COPD exacerbations carry high risk for long-term disability and death. As the search for a standardised measure continues, study investigators must ensure definitions are explicit and justified to better understand how to prevent and manage these episodes. https://bit.ly/2UNqScy

Introduction

The global mortality and morbidity of COPD is high and has not changed appreciably, unlike many other noncommunicable diseases, over the past 20 years. The Global Burden of Disease Study reported that an estimated 545 million people worldwide had a chronic respiratory disease in 2017, equivalent to a 40% increase compared with the number of individuals affected in 1990, an increase disproportionate to global population growth [1]. COPD, with an overall global prevalence of 6%, remained the most prevalent chronic respiratory disease worldwide and made up 55% of chronic respiratory disease prevalence among men and women. This represents an increase in overall prevalence of 6%, with a marked increase in women over the same period [2, 3]. Chronic respiratory disease is almost equally prevalent in high income countries and low-middle income countries (LMICs), although with vastly different aetiologies and potentially still serious underdiagnosis in LMICs. Chronic respiratory diseases account for 7% of total all-cause deaths globally, and in 2017 were the third leading cause of death, close behind cardiovascular disease and cancer.

COPD, as the major portion of this high prevalence, also confers very high morbidity [4]. Disability (disability-adjusted life years (DALYs)) due to chronic respiratory diseases increased 13% between 1990 and 2017, and COPD accounted for the lion's share of this [1]. Some gains have been made, the prevalence, mortality, and DALY rates per 100 000 people dropping significantly between 1990 and 2017 when adjusted for population growth and ageing. However, COPD remains a major global health issue, with increasing numbers of people affected and several of its major causes still not addressed in many regions of the world. This is despite the fact that much of the burden of COPD can be prevented by primary and secondary interventions ranging from public health and government policy to health infrastructure, skilled workforce development and community health literacy [5]. Even in high income countries, treatment-related costs consume a major portion of healthcare budgets [6, 7], and a major portion of these is the cost of exacerbations [7, 8]. Indirect costs of work and productivity loss are also substantial and just as great a burden for the patient as for wider society [6].

Exacerbations of COPD

Although COPD is a progressive illness marked by daily symptoms and in some patients, a slow decline in lung function and quality of life [9, 10], acute exacerbations of COPD remain a key feature of the disease in many patients. Exacerbations are more likely to occur in patients with a high symptom burden, and in themselves add further burden of disease and impairment of health status [9], as well as risk of more frequent severe events [11–13]. Patients describe exacerbations as having a major impact on their quality of life [9]. Unscheduled visits to healthcare, whether primary, secondary or tertiary, are costly [14, 15], disruptive and most importantly to the patient, moments of extreme physical [6] and emotional stress [16, 17], and for some, life-threatening [18–20].

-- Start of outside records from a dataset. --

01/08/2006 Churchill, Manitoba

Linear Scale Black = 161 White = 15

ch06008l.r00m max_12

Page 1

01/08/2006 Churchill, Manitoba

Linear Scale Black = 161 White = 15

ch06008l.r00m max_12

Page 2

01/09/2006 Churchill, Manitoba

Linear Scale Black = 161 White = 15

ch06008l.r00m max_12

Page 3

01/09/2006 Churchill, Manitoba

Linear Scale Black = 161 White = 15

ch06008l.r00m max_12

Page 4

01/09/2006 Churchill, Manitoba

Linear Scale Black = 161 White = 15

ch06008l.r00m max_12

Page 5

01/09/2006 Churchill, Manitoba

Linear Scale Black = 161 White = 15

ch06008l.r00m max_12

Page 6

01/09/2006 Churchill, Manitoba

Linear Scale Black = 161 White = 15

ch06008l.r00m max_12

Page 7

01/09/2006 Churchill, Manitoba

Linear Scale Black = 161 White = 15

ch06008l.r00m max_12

For the purposes of this introductory discussion, I will define exacerbations of COPD clinically, as episodes of acute worsening of symptoms, leading to additional therapy and hospitalisations, that punctuate a patient's journey more frequently as lung function and ventilatory impairment worsen with time. However, as will become clear, within and between patients with COPD, exacerbations are heterogeneous events, with multiple causes, different expression, and varying impact and clinical responses. A satisfactory definition is not only a semantic challenge, but also an epistemological and environmental one. Most definitions of COPD exacerbations contain both a symptom-based component and an event-based component. There are inadequacies with an emphasis on either of these approaches [21], although alternative definitions have not proven to be superior as a general rule, even if fit for specific purposes, such as clinical trials [22], database analysis [23] or studies examining pathophysiology.

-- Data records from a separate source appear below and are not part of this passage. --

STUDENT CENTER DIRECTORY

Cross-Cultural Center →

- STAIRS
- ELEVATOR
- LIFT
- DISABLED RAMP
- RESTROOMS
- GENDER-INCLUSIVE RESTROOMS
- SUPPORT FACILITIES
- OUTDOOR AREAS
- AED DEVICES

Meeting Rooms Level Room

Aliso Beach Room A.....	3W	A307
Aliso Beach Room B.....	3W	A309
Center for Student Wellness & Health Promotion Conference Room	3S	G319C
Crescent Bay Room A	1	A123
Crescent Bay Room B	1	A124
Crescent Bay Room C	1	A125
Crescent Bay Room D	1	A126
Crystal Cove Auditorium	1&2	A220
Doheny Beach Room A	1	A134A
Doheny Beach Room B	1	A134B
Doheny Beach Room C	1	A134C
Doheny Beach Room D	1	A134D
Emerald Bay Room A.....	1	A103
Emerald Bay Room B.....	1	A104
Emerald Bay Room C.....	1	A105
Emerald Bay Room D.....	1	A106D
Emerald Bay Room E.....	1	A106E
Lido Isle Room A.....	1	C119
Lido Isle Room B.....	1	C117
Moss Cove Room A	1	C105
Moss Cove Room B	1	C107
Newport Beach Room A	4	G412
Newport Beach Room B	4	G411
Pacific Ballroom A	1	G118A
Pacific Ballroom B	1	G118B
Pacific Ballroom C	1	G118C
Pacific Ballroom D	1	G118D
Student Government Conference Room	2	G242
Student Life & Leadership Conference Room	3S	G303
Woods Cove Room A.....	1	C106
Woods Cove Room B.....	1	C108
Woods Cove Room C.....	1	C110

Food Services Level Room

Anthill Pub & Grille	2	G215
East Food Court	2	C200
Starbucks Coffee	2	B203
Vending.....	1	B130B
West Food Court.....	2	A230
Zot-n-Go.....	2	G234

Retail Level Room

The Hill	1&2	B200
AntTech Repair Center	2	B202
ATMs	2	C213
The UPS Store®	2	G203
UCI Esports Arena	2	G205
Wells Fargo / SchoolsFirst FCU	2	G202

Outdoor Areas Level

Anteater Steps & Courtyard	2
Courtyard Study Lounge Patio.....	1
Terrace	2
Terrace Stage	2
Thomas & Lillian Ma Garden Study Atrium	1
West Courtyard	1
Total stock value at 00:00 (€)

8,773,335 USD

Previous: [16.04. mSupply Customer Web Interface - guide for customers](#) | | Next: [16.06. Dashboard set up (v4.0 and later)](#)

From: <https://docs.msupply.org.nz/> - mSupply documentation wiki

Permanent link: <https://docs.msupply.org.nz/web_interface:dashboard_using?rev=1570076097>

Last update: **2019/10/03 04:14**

Exacerbations vary in frequency in individual patients and most patients do not exacerbate at exactly the same rate year after year [24, 25]. In many studies [26], including the Evaluation of COPD Longitudinally to Identify Predictive Surrogate End-points (ECLIPSE) [27] and the Subpopulations and Intermediate Outcome Measures in COPD Study (SPIROMICS) [28], a significant proportion of so-called frequent exacerbators or infrequent exacerbators change status over a 3-year period, indicating that propensity to exacerbation is not a fixed property and either naturally or through both pharmacological [29, 30] and nonpharmacological [31] interventions, patients can change their exacerbation status.

Exacerbation frequency is strongly related to severity of airflow limitation as measured by forced expiratory volume in 1 s (FEV1). This was demonstrated in a recent study from Norway, where the incidence rate ratios for utilisation-defined acute exacerbations of COPD were 2.45 (95% CI 1.22–4.95), 3.43 (95% CI 1.59–7.38), and 5.67 (95% CI 2.58–12.48) with Global Initiative for Obstructive Lung Disease (GOLD) spirometric stages II, III, and IV, respectively [32]. Similarly in an analysis of the Copenhagen General Population Study [23], compared to individuals with GOLD 1, the risk of exacerbations was 17-fold for GOLD 4, five-fold for GOLD 3, and two-fold for GOLD 2.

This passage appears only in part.